Наш табор кочевал в то время по Буковине,— это годов десять назад тому. Раз — ночью весенней — сидим мы: я, Данило солдат, что с Кошутом воевал вместе, и Нур старый, и все другие, и Радда, Данилова дочка.

Ты Нонку мою знаешь? Царица-девка! Ну, а Радду с ней равнять нельзя — много чести Нонке! О ней, этой Радде, словами и не скажешь ничего. Может быть, ее красоту можно бы на скрипке сыграть, да и то тому, кто эту скрипку, как свою душу, знает.

Много посушила она сердец молодецких, ого, много! На Мораве один магнат, старый, чубатый, увидал ее и остолбенел. Сидит на коне и смотрит, дрожа, как в огневице. Красив он был, как черт в праздник, жупан шит золотом, на боку сабля, как молния сверкает, чуть конь ногой топнет, вся эта сабля в камнях драгоценных, и голубой бархат на шапке, точно неба кусок,— важный был господарь старый! Смотрел, смотрел, да и говорит Радде: «Гей! Поцелуй, кошель денег дам». А та отвернулась в сторону, да и только! «Прости, коли обидел, взгляни хоть поласковей»,— сразу сбавил спеси старый магнат и бросил к ее ногам кошель — большой кошель, брат! А она его будто невзначай пнула ногой в грязь, да и все тут.

— Эх, девка! — охнул он, да и плетью по коню — только пыль взвилась тучей.

А на другой день снова явился. «Кто ее отец?» — громом гремит по табору. Данило вышел. «Продай дочь, что хочешь возьми!» А Данило и скажи ему: «Это только паны продают все, от своих свиней до своей совести, а я с Кошутом воевал и ничем не торгую!» Взревел было тот, да и за саблю, но кто-то из нас сунул зажженный трут в ухо коню, он и унес молодца. А мы снялись, да и пошли.
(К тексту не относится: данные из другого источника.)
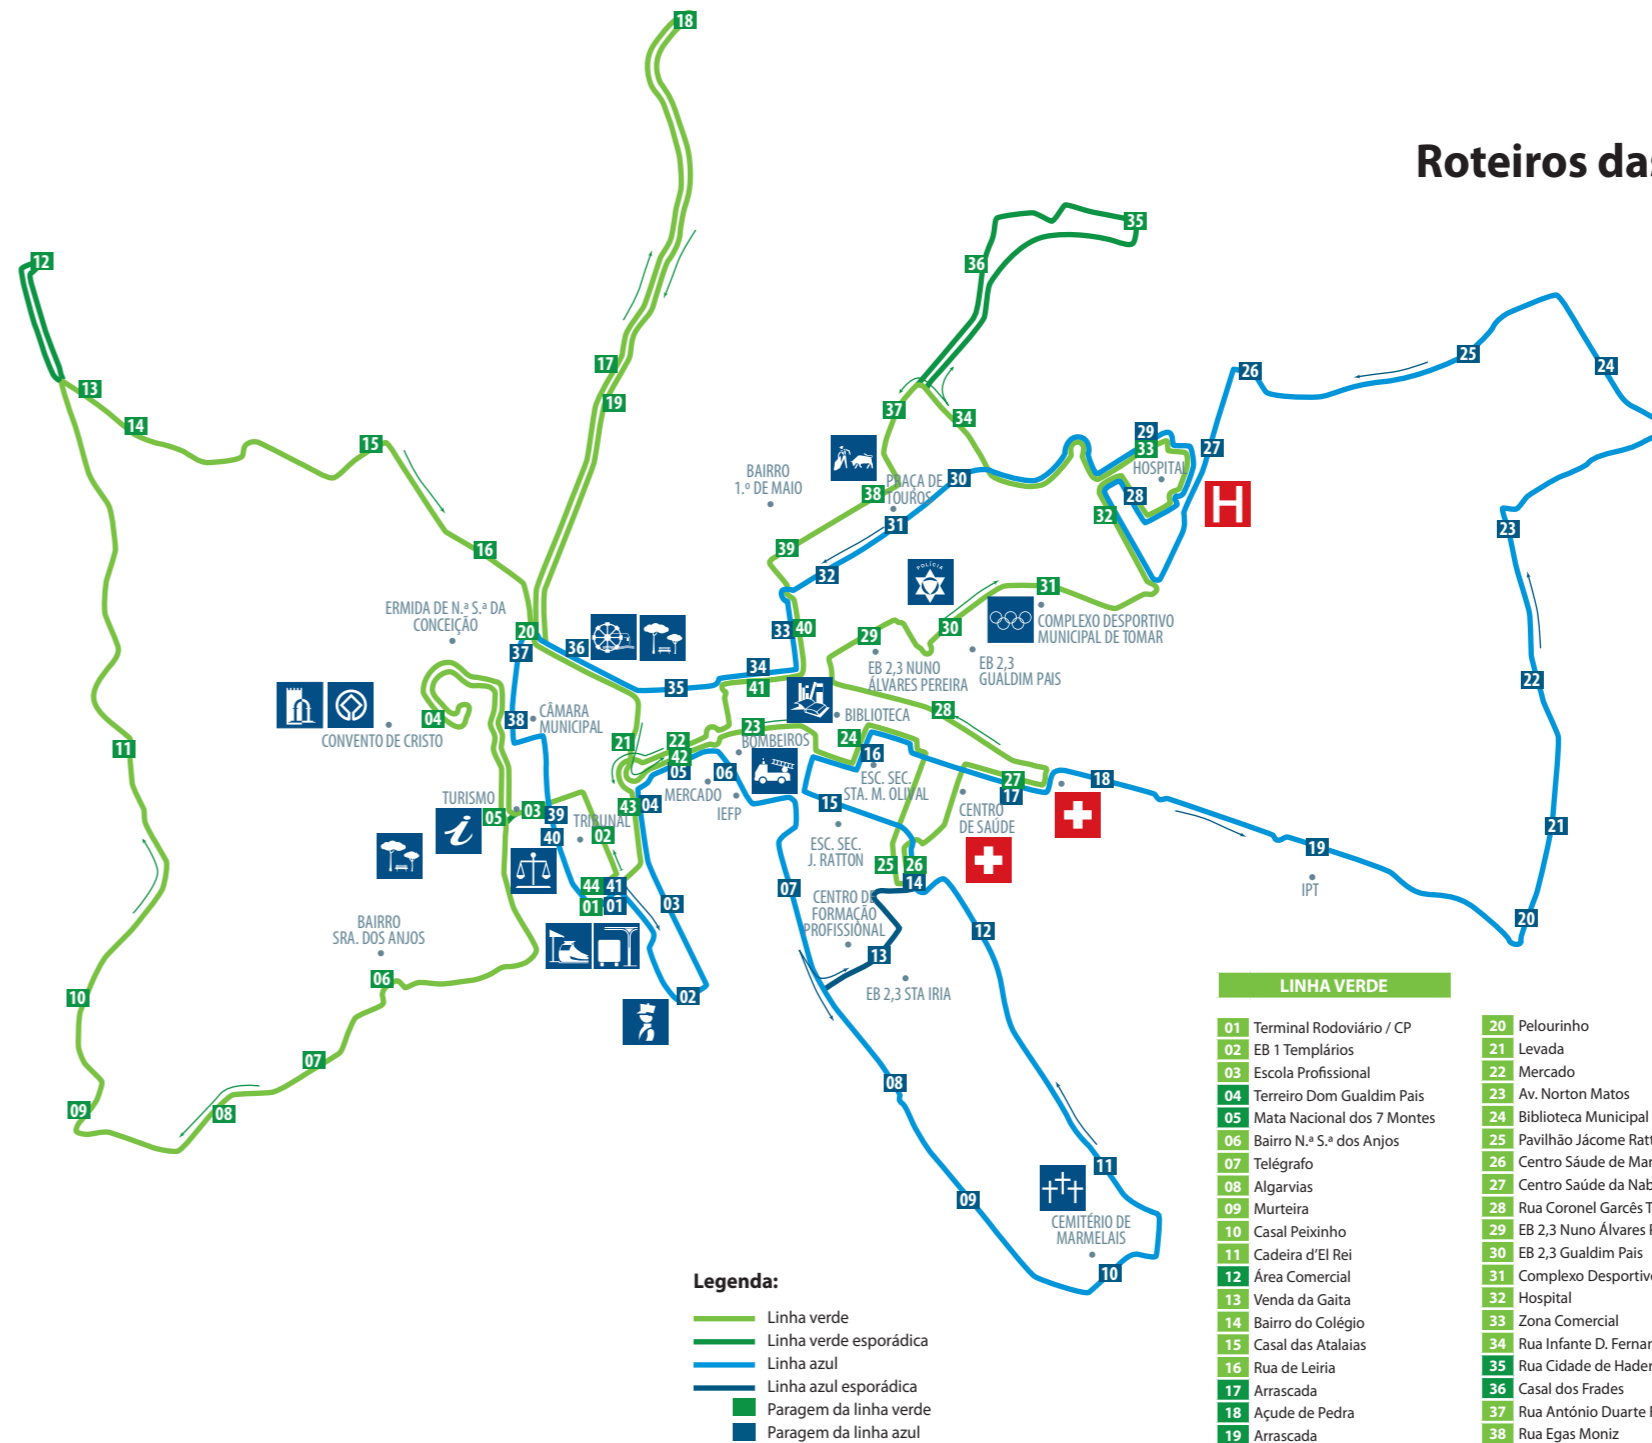

**TUTOMAR**  
TRANSPORTES URBANOS DE TOMAR

## Roteiros das linhas verde e azul

### Legenda:

- Linha verde
- Linha verde esporádica
- Linha azul
- Linha azul esporádica
- Paragem da linha verde
- Paragem da linha azul

- 39 Bairro 1.º de Maio
- 40 Av. Angela Tamagnini
- 41 Alameda Um de Março
- 42 Mercado
- 43 Rua Torres Pinheiro
- 44 Terminal Rodoviário / CP

День идем и два, смотрим — догнал! «Гей вы, говорит, перед богом и вами совесть моя чиста, отдайте девку в жены мне: все поделю с вами, богат я сильно!» Горит весь и, как ковыль под ветром, качается в седле. Мы задумались.

— А ну-ка, дочь, говори! — сказал себе в усы Данило.

— Кабы орлица к ворону в гнездо по своей воле вошла, чем бы она стала? — спросила нас Радда.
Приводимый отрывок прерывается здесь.